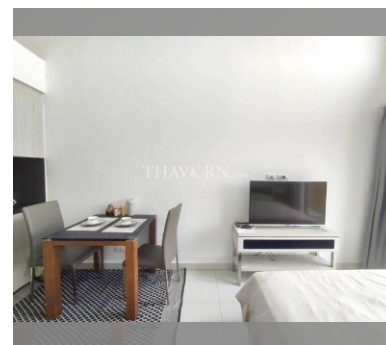

Condo for sale studio 26 m² in Laguna Beach Resort 2, Pattaya

Discover your dream studio apartment in the heart of Pattaya at Laguna Beach Resort 2! This beautifully furnished 26 m² studio on the 7th floor offers modern living in the vibrant Jomtien area. Priced at just 1,940,000, this cozy flat is perfect for those seeking a stylish and convenient lifestyle. Laguna Beach Resort 2 is renowned for its fantastic amenities and prime location. Whether you're looking to relax by the pool, stay active in the fitness center, or explore the bustling city of Pattaya, this property has it all. The full furnishings mean you can move in right away and start enjoying your new home without any hassle. Don't miss out on this incredible opportunity to own a piece of paradise in a foreign ownership quota. Schedule ...

฿ 1,830,000

UNIT PARAMETERS:

UID	FS-239804
quota	foreign quota
type	studio
size	26m²
floor	7
view	city view
quality	not chosen
transfer cost	
transfer fee payer	50/50
additional cost	

PROJECT PARAMETERS:

district	Jomtien
buildings	4
floors	8
built in	2016

FACILITIES:

General information: resort, meters to beach: 700, minutes to beach: 10, underground parking.

Swimming pool: swimming pool, kids pool, water slides, waterfall, jacuzzi, pool bar .

Chill zone: chill zone, garden.

Health zone: gym, sauna, massage.

Other: reception, lobby, clubhouse, kids playgarden, CCTV, security, minimart, laundry.

## WHAT YOU SHOULD DO
In the entries above, some lines hold the string "transfer". Copy each of them.

## SOLUTION TO THIS EXERCISE
transfer cost	
transfer fee payer	50/50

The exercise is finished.